Parameterized Sequential Decision Making Problems: Maximum-Entropy Principle based Approach

May 06, 2022, zoom / ESB 2001

Srinivasa Salapaka

UIUC, Merchanical Science and Engineering

Abstract

This talk introduces a class of optimization problems - Parameterized Sequential Decision Making (para-SDM) problems, and propose a comprehensive framework to address them. Para-SDM problems cover a vast range of network logistics and planning application areas such as facility location with path optimization (FLPO), vehicle routing, sensor network design, manufacturing process parameter optimization, last mile delivery, industrial robot-resource allocation, and data aggregation, classification, and clustering algorithms. These problems include large subclasses of problems such as Markov Decision Processes (MDPs), reinforcement learning (RL), clustering, resource allocation, scheduling, and routing problems. Conceptually these problems require simultaneously determining the shortest path and allocating resources in a network, incorporating application-specific capacity and exclusion constraints, and while respecting the dynamical evolution of the network. In this regard, they generalize Markov Decision Process (MDP) problems, which have been studied more extensively.
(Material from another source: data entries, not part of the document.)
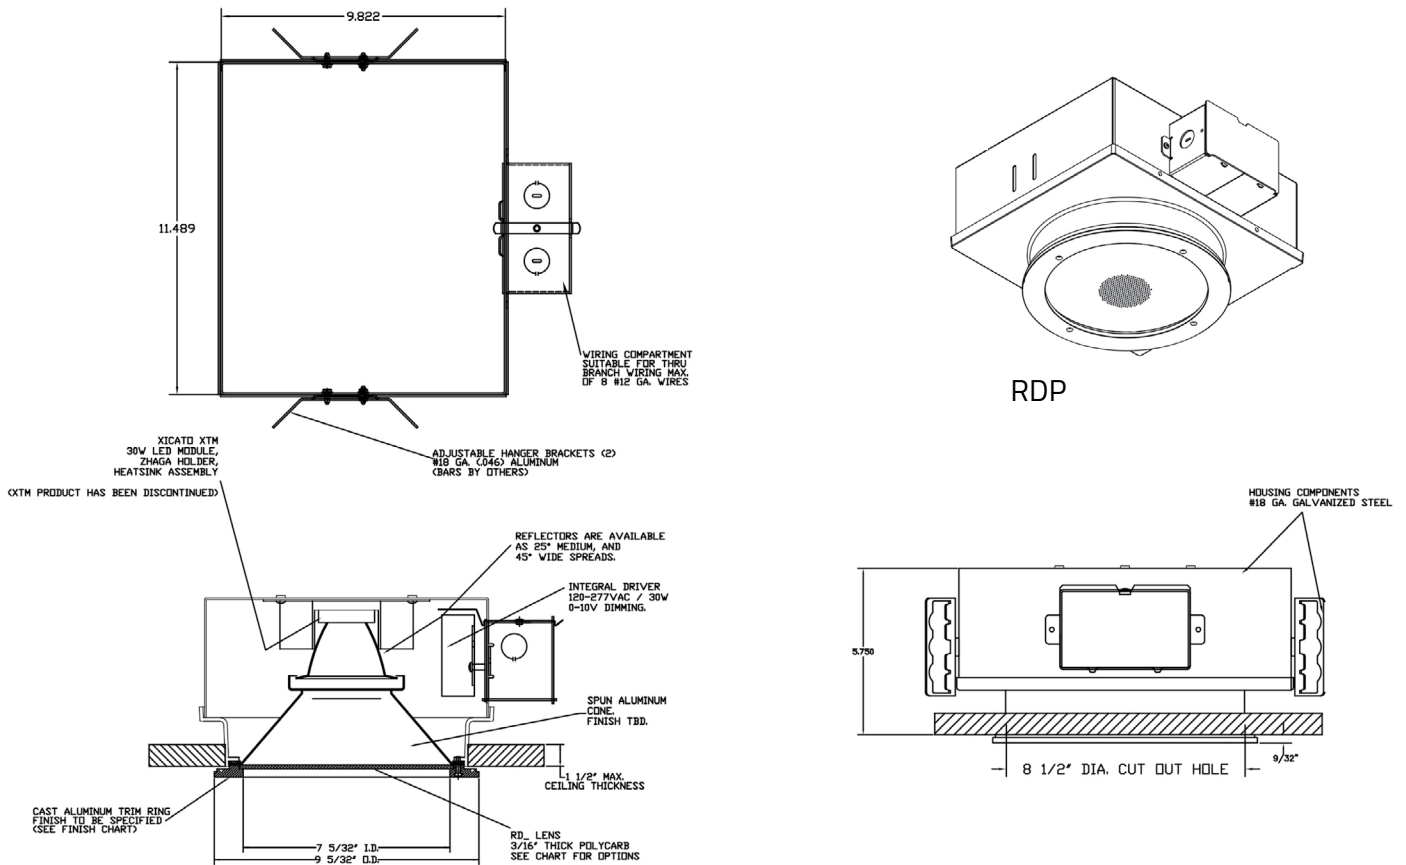

DRAWING - See page 3 for Concrete drawing

Job Name/Date:

Fixture Type Designation: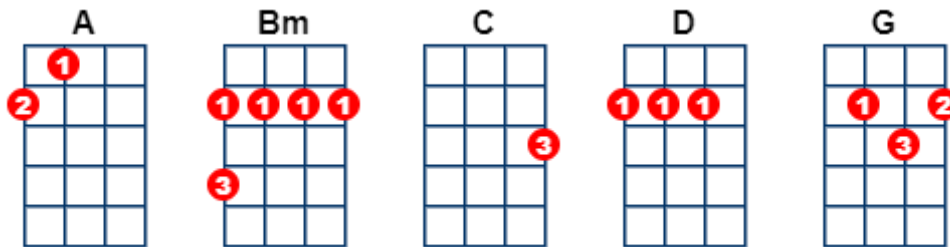

Friday I'm In Love [D]

key:D,

artist:The Cure

writer:Robert Smith

Scroll Stop **5** **Chords:** Hide Top Right

The Cure: <https://www.youtube.com/watch?v=P3Bg7yDUVnI>

(in Eb so Capo on fret 1)

[\[D\]](#) I don't care if [\[G\]](#) Monday's blue

[\[D\]](#) I don't care if [\[G\]](#) Monday's blue

[D] Tuesday's grey and [A] Wednesday too
[Bm] Thursday I don't [G] care about you, it's [D] Friday I'm in
[A] love

[D] Monday you can [G] hold your head
[D] Tuesday Wednesday [A] stay in bed
or [Bm] Thursday watch the [G] walls instead
It's [D] Friday I'm in [A] love
[G] Saturday [A] (stop) wait and [Bm] Sunday always
[G] comes too late but [D] Friday never [A] hesitate
[Bm] Dressed up to the [C] eyes, it's a wonderful [D] surprise
to see your [A] shoes and your spirits [Bm] rise
Throwing out your [C] frown, and just smiling at the [D] sound
and as sleek as a [A] shriek, spinning round and [Bm] round
Always take a big [C] bite, it's such a gorgeous [D] sight
to see you [A] eat in the middle of the [Bm] night
You can never get [C] enough, enough of this [D] stuff,
It's Friday, [A] I'm in love (straight back in)
[D] I don't care if [G] Monday's blue, [D] Tuesday's grey and [A]
Wednesday too
[Bm] Thursday I don't [G] care about you, it's [D] Friday I'm in
[A] love
[D] Monday you can [G] fall apart, [D] Tuesday, Wednesday [A]
break my heart
[Bm] Thursday doesn't [G] even start it's [D] Friday I'm in [A]
love
[D] I don't care if [G] Monday's blue
[D] Tuesday's grey and [A] Wednesday too
[Bm] Thursday I don't [G] care about you, it's [D] Friday I'm in
[A] love [D]*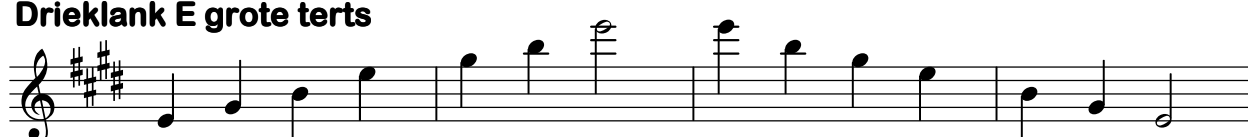

Drieklank E grote terts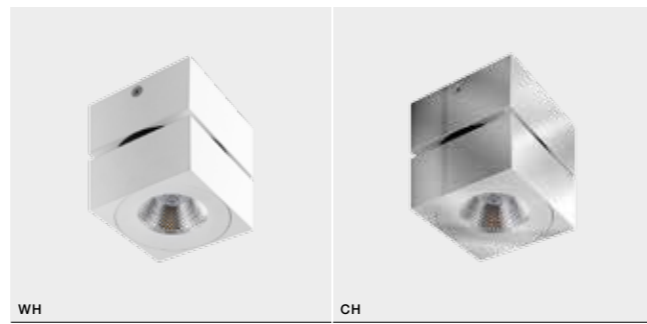

DIADO

Exposed downlights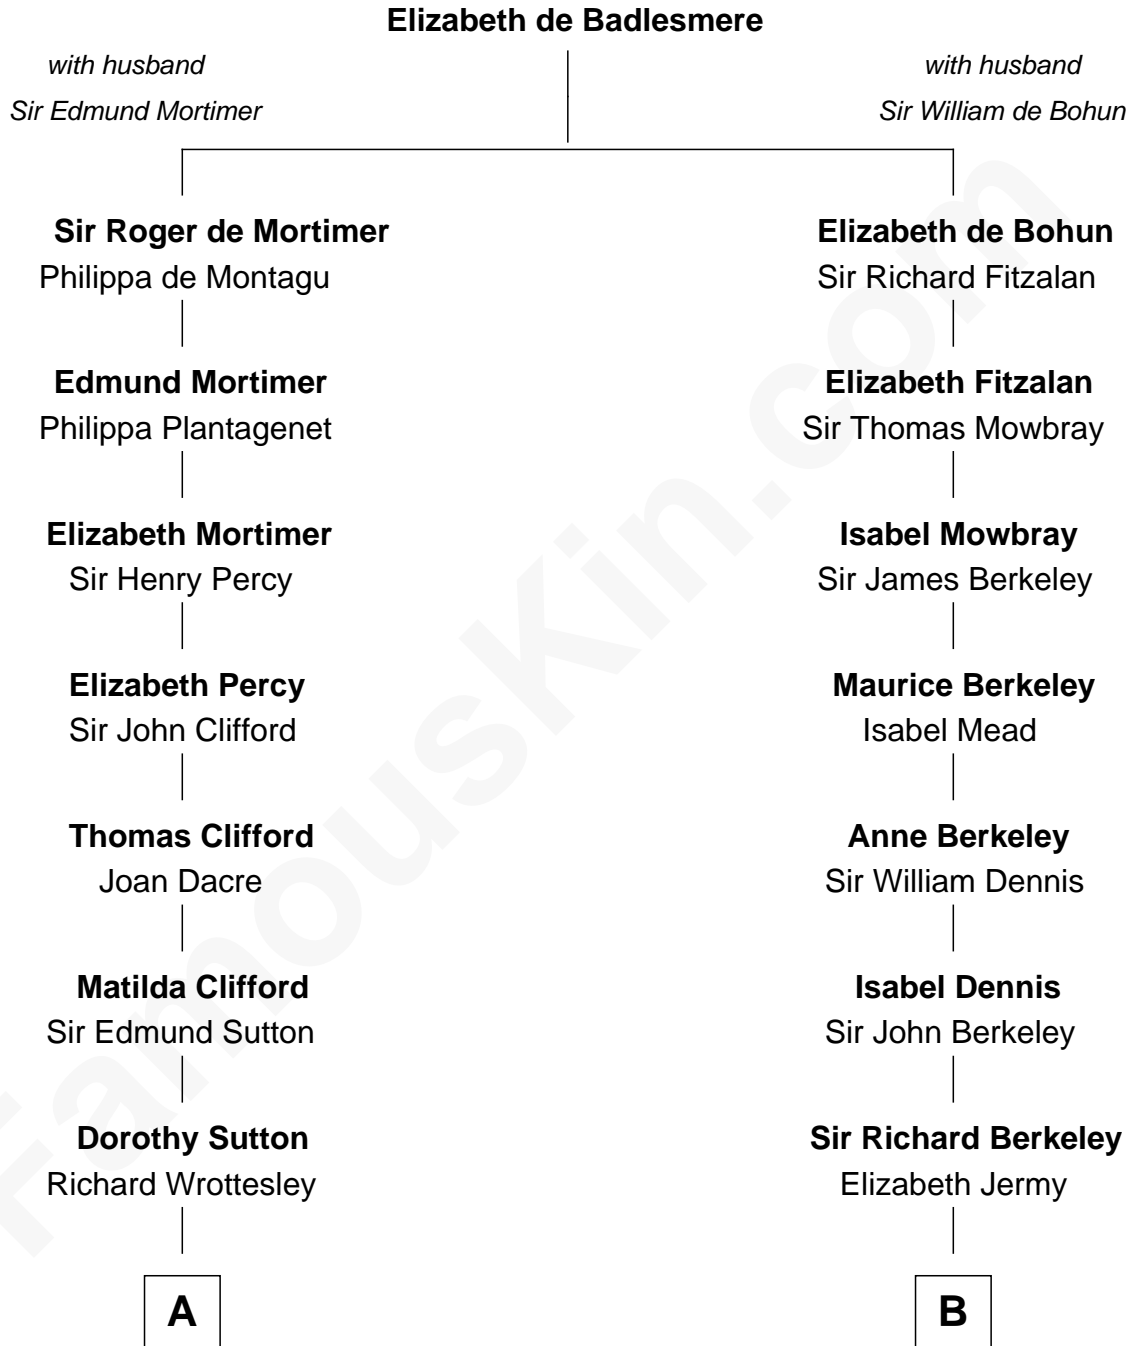

MAYFLOWER

FamousKin.com Relationship Chart of

Richard More

(c1614 - c1696) Mayflower passenger 1620

11th cousin 3 times removed of

Samuel Prescott

Completed Paul Revere's Midnight Ride

A

Joan Wrottesley

Richard Cresset

Margaret Cresset

Thomas More

Jasper More

Elizabeth Smalley

Katherine More

Col. Samuel More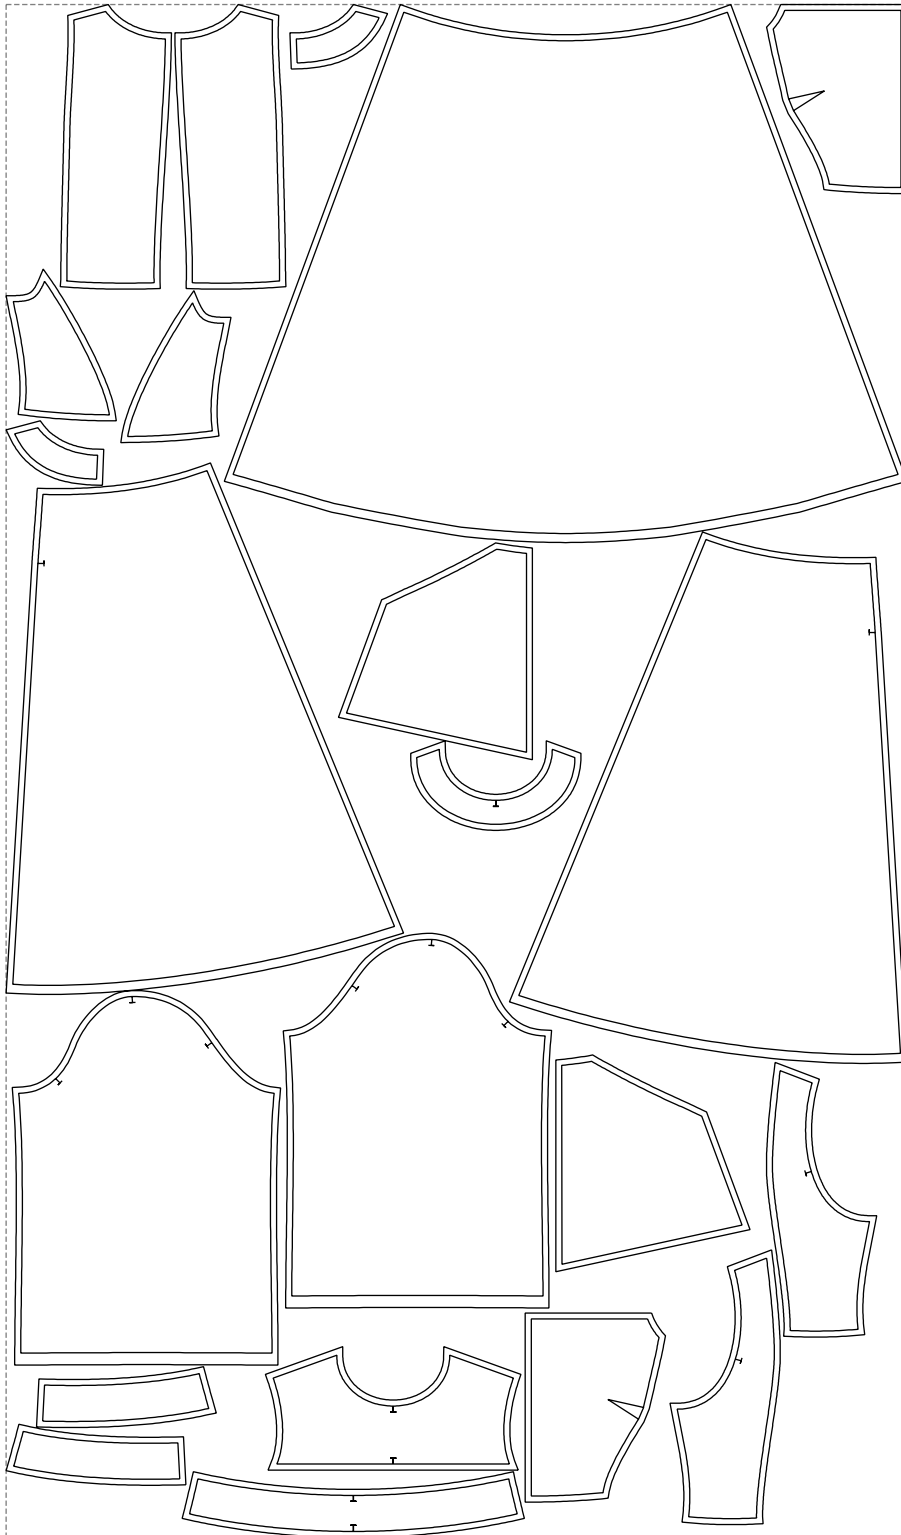

Not for print

Paper size: A4, size:1399.00 x1483.98 mm

# Example

size:1499.00 x2551.39 mm

Maneken =1 ver.0

rz\_1=170

rz\_16=112

rz\_17=96.2

rz\_18=94

rz\_19=120

This talk will present a combinatorial-optimization framework that address this class of problems. Many physical systems in nature pose combinatorial resource allocation problems that involve large number of configurations - on the order of Avogadro’s number, that is, about 10^23 particles. Statistical Physics provides methods and tools that make it possible to analyze such large systems. This talk will present methods and algorithms that mimic free-energy principle from statistical physics to address a class of combinatorial optimization problems. In fact, this principle is viewed as maximum entropy principle (MEP) propounded by E.T. Jaynes. The resulting framework generalized important concepts from clustering/classification literature as well as tools from machine learning – especially those related to MDPs and RL.

Speaker's Bio

Srinivasa M. Salapaka received the B.Tech. degree in Mechanical Engineering from Indian Institute of Technology in 1995, the M.S. and the Ph.D. degrees in Mechanical Engineering from the University of California at Santa Barbara, U.S.A in 1997 and 2002, respectively. During 2002-2004, he was a postdoctoral associate in the Laboratory for Information and Decision Systems, Massachusetts Institute of Technology, Cambridge, USA. Since January 2004, he has been a faculty member in Mechanical science and Engineering at the University of Illinois, Urbana-Champaign. He got the NSF CAREER award in the year 2005. He is an ASME Fellow since 2015. His areas of current research interest include machine learning, combinatorial optimization, and controls for scanning-probe microscopy, X-ray microscopy, and power-grid systems.